In this example, we will use this Pandas DataFrame, which contains only two columns: Time and Performance. Visualizations make the information accessible to a broader audience, which fosters a data-driven culture across the company. Performance represents the selected metric.
To see what it looks like over time:
plt.figure(figsize = (14,7))
plt.grid(alpha = 0.2)
plt.plot(
x = train_period.timestamp,
y = train_period.performance,
linewidth = 2
);
We can easily identify a strong hourly seasonality.
Now let's take a look at the test period (18 hours):
plt.figure(figsize = (14,7))
plt.grid(alpha = 0.2)
plt.plot(
x = test_period.timestamp,
y = test_period.performance,
linewidth = 2);
We aim to identify any anomalies during the test period. In this case, there are issues around 22:00 on 07-17.
Now, let's train a Prophet model with a confidence level of 80%
predictor = Prophet(
interval_width=0.8
)
train_period.columns = ['ds', 'y'] ## This is a Prophet build in constrain.
predictor.fit(train_period)
## Collect the prediction, and the uncertainty intervals boundries.
forecast = predictor.predict(test_period)[['ds','yhat','yhat_lower','yhat_upper']]
## Merge to actuals:
combined_df = pd.merge(
test_period, forecast[['ds', 'yhat', 'yhat_lower', 'yhat_upper']], on="ds", how="left"
)
## Plot everything
plt.figure(figsize=(14, 8))
# Scatter plot for actual values
plt.scatter(combined_df['ds'], combined_df['y'], label='Actual Values', color='black', s=15)
# Line plot for predicted values (yhat)
plt.plot(combined_df['ds'], combined_df['yhat'], label='Predicted Values (yhat)', color='blue', linewidth=2)
# Line plots for upper and lower confidence bounds
plt.plot(combined_df['ds'], combined_df['yhat_upper'], color='red', linestyle='--', linewidth=0.01)
plt.plot(combined_df['ds'], combined_df['yhat_lower'], color='red', linestyle='--', linewidth=0.01)
# Fill between upper and lower bounds
plt.fill_between(combined_df['ds'], combined_df['yhat_lower'], combined_df['yhat_upper'], color='lightskyblue', alpha=0.2)
# Add labels, title, and legend
plt.title('Actual vs Predicted Values with Confidence Intervals', fontsize=16)
plt.xlabel('Datetime', fontsize=14)
plt.ylabel('Values', fontsize=14)
plt.legend(fontsize=12)
plt.grid(alpha=0.3)
plt.xticks(rotation=45, size=12)
plt.yticks(size=12)
plt.tight_layout()
# Show the plot
plt.show()
The prediction interval is visualized in light blue, with a notable anomaly observed significantly below this range. To comprehensively analyze these outliers, our objective is to construct a unified data frame encompassing both the training and testing periods, as well as the corresponding predictions.
results_to_plot = pd.concat([train_period, forecast], axis=0)
With the current predicted behavior and actual values available, we can conduct a comparative analysis to determine whether any given point constitutes an anomaly. As a theoretical approach, we define an anomaly threshold using a distance of one standard deviation from the prediction boundaries. This criterion classifies suspect points as potential anomalies.

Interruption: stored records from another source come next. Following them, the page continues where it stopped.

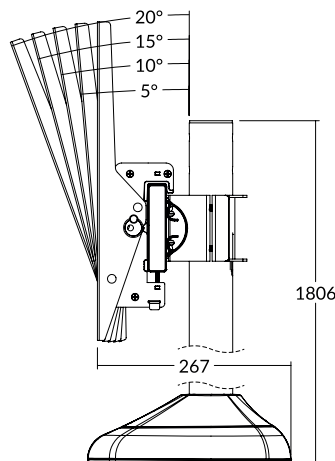

EXAMPLE N°31

GROUND BOLTED VIDEO FLOOR MOUNT
1 DISPLAY (TILT)

VESA 200x200 TO 600x400
TILT -20° / 0°
50 KG / DISPLAY

ALUMINUM /
BLACK COLOR

PARTS & COMPONENTS

REF	EAN	DESIGNATION	QTY	CATALOG
VW201	5603209022016	ALUMINUM RAIL 700MM	1	Pag.21
VW207	5603209022078	TILT ARM 400MM	1	Pag.21
VW211	5603209022115	POLE 1800MM	1	Pag.21
VW217	5603209022177	RAIL / POLE CONNECTOR Ø60MM	1	Pag.21
VW266	5603209022665	FLOOR / CEILING POLE PLATE Ø60MM	1	Pag.22

ALL DIMENSION (MM)

EASY TO INSTALL
AND COMBINE

FREEDOM TO CREATE
MODULAR MOUNT
WITH **UNLIMITED**
CONFIGURATION

series_std = results_to_plot.y.std()
print(series_std)
>>> 0.277
results_to_plot['is_anomaly'] =
results_to_plot.apply(lambda row: 1 if ((row.y < (row.yhat_lower - series_std))
| (row.y > (row.yhat_upper + series_std))) else 0, axis = 1)
results_to_plot['is_anomaly'].value_counts()
>>>is_anomaly
0 166
1 2
This is what our data looks like:
By leveraging machine learning and time series analysis, we created a robust system that detects anomalies and classifies them based on severity, allowing for efficient resource allocation and swift response times.
The implementation of Prophet and our custom visualization tools has empowered our team to proactively address potential issues before they escalate. We believe this approach will significantly enhance our platform's stability, improve customer satisfaction, and optimize revenue streams.